AWS Media Services include the following individual services:
AWS Elemental MediaConvert transcodes file-based video content.
AWS Elemental MediaLive encodes live video for televisions or connected devices.
AWS Elemental MediaPackage prepares and secures live video streams for delivery to connected devices.
AWS Elemental MediaStore delivers video from media-optimized storage.
AWS Elemental MediaTailor inserts targeted advertising into streaming video.
AWS Elemental MediaConnect transport stream based video contribution and distribution.
In April 2010, Elemental introduced its enterprise product, Elemental Live, a video processing system that provides video and audio encoding for live streaming to media platforms.[15]
Elemental Live made its debut at NAB in Las Vegas, Nevada, April 12–15, 2010, with a four-screen demonstration featuring simultaneous real-time encoding of multiple video streams targeted to mobile, tablet, web and HDTV platforms.
In November 2009, Elemental released the first video server appliance to utilize the graphics processing unit for video on demand (VOD) transcoding. The company claims its performance equals that of seven dual quad-core CPU servers.[16] Other potential benefits include conversion speed, reduced power usage, less physical space, and overall cost, which is reported to be less than half of a CPU server.[17] Elemental Servers reportedly sold for as much as $100,000 per machine, with a profit margin of up to 70%.[7]

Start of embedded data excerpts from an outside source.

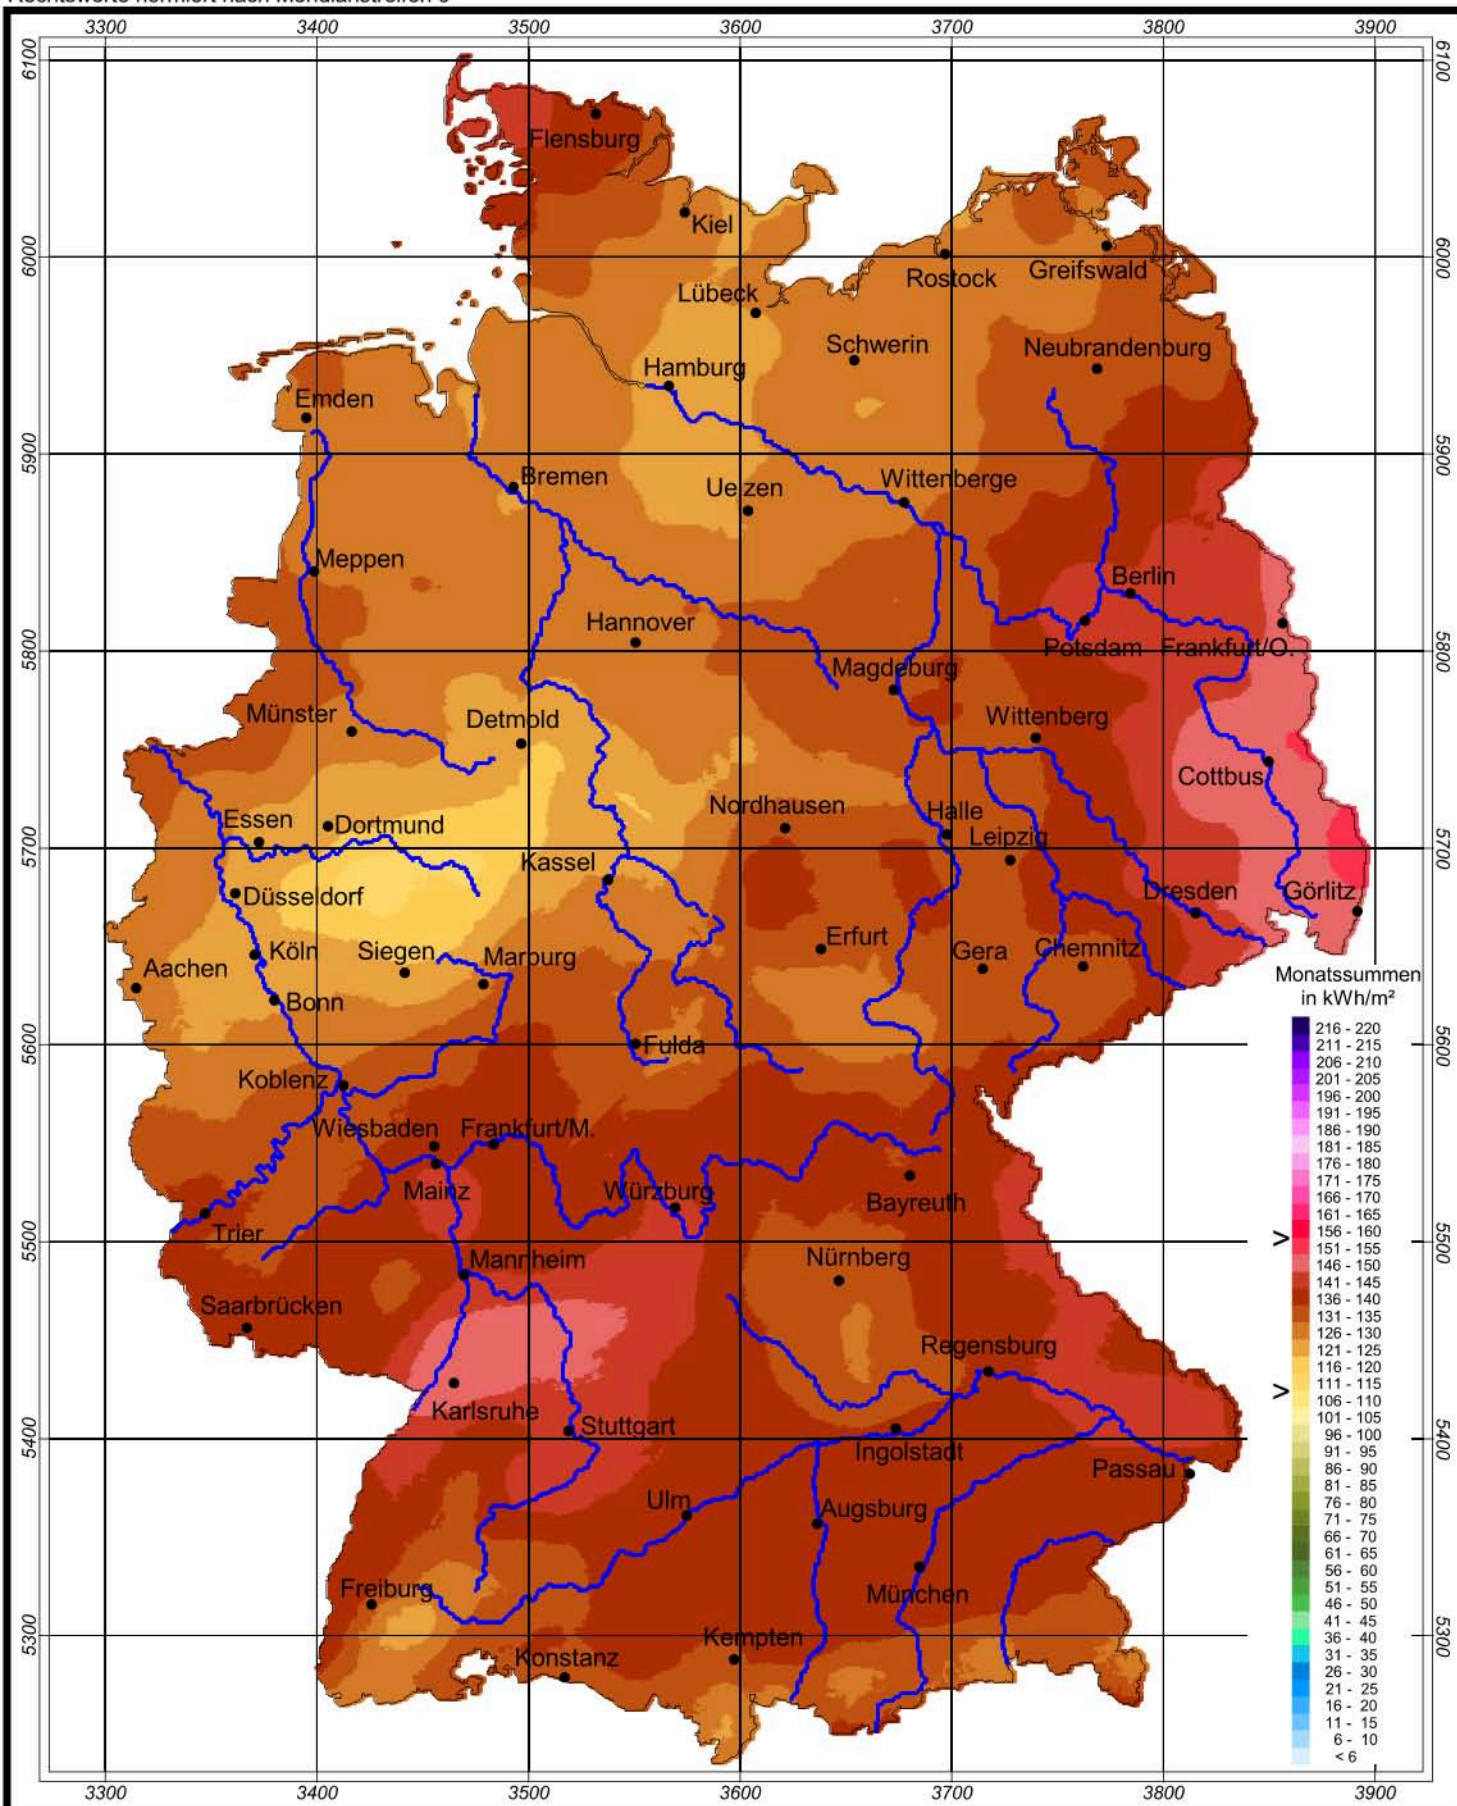

# Globalstrahlung in der Bundesrepublik Deutschland

## Monatssummen - August 2008

Rechtswerte normiert nach Meridianstreifen 9°

Wissenschaftliche Bearbeitung:  
DWD, Abteilung Klima- und Umweltberatung, Pf 30 11 90, 20304 Hamburg  
Tel.: 040/6690-1922; eMail: [klima.hamburg@dwd.de](mailto:klima.hamburg@dwd.de)  
Diese Karte ist gesetzlich geschützt. Vervielfältigungen jeder Art sind nur mit Erlaubnis des Herausgebers zulässig.

Deutscher Wetterdienst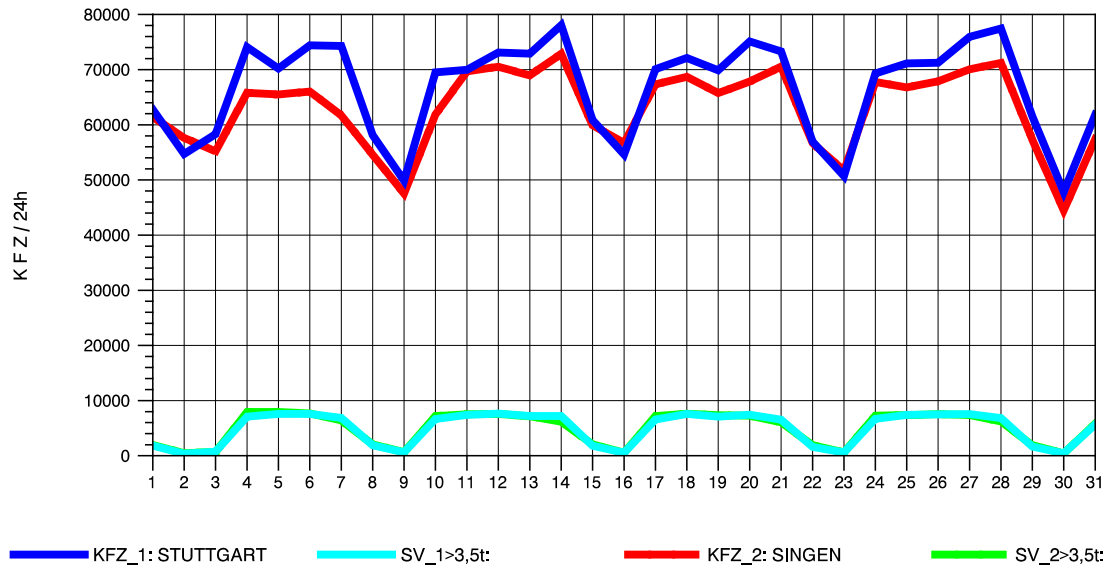

STRASSENVERKEHRSZÄHLUNGEN IN BADEN-WÜRTTEMBERG
BÖBLINGEN 72201011 A 81
TAGESWERTE JE RICHTUNG: Oktober 2011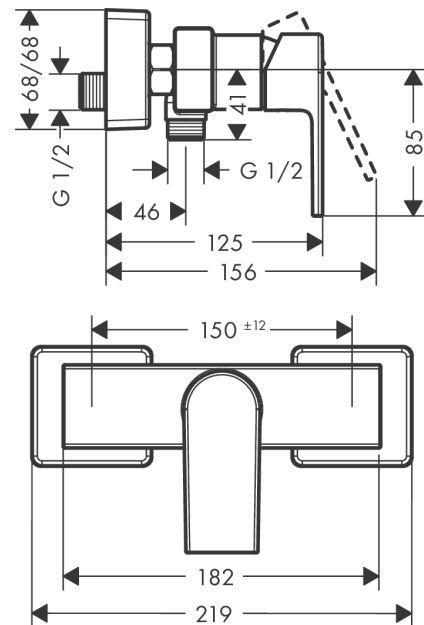

Kótovaný výkres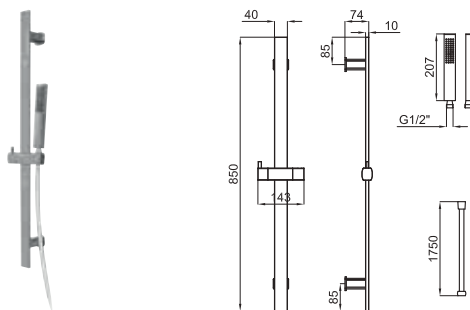

100149195
N199999394

chrome
chromé

386,00 €

NK CONCEPT SHOWER PACK. Includes handshower bar with bracket, 100038634 - N158760001 COTA handshower and 100137848 - N199999490 flexible hose

PACK DOUCHE NK CONCEPT. Comprend barre de douche avec support, douchette COTA 100038634 - N158760001 et flexible 100137848 - N199999490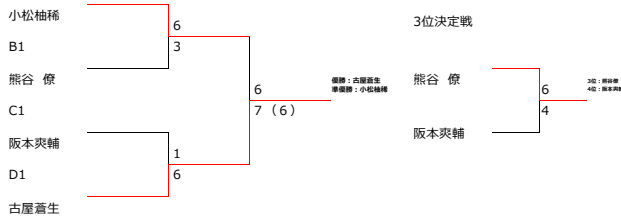

小学生初級_Cブロック

No.		松下結翔	藤森奏多	阪本爽輔	勝ち数	得失差	順位
7	松下結翔	/	2-6	3-6	0		3
8	藤森奏多	6-2	/	2-6	1		2
9	阪本爽輔	6-3	6-2	/	2		1

小学生初級_Dブロック

No.		小松侑成	山本美衣菜	古屋蒼生	勝ち数	得失差	順位
10	小松侑成	/	4-6	0-6	0		3
11	山本美衣菜	6-4	/	3-6	1		2
12	古屋蒼生	6-0	6-3	/	2		1

1位トーナメント

A1

2位トーナメント

A2

3位トーナメント

A3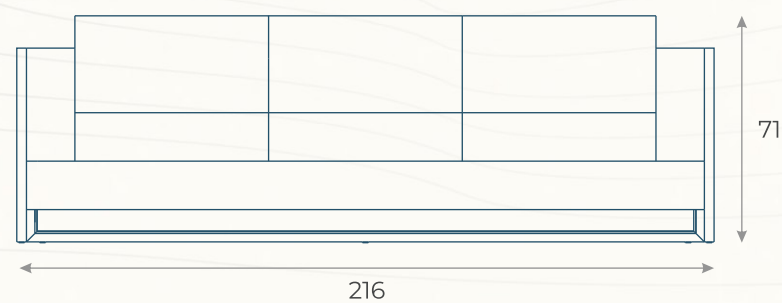

SOMB02

SOFÁ MARINA BAY (02)

ESTRUTURA: MADEIRA CUMARU
ACABAMENTO COSTUMIZÁVEL:
SLING FRANCÊS E TAPEÇARIA
*DETALHES POLIDOS OU PINTADOS
MEDIDAS: L 216 x P 93 x A 71

DESENHO TÉCNICO

Elemental Delta is a video delivery platform designed to optimize the monetization, management and distribution of multiscreen video across internal and external IP networks. Elemental Delta has been presented at IBC in September 2014 and won the IABM Design and Innovation award for Playout and Delivery Systems.[18]
Elemental Cloud provides transcoding services in a cloud computing environment using clustered graphics processors.
Elemental Statmux is a software-based statistical multiplexer that optimizes content delivery for pay TV operators by reallocating bits in real time between video encoders and combining the outputs from multiple encoders into a single transport stream.
Elemental Conductor is a scalable management system of two or more Elemental video processing systems.
On October 23, 2008, Elemental released Badaboom, a consumer media converter, in partnership with NVIDIA Corporation. Badaboom uses Elemental's video engine to transcode video files from several formats, including MPEG2, H.264, HDV, AVCHD, and RAW, into the H.264 format for devices such as the iPod, iPhone, and Sony PSP.
Elemental Technologies announced Badaboom 2.0 is the final version and stopped producing the product.[19] The company supported Badaboom until April, 2013, without further software updates.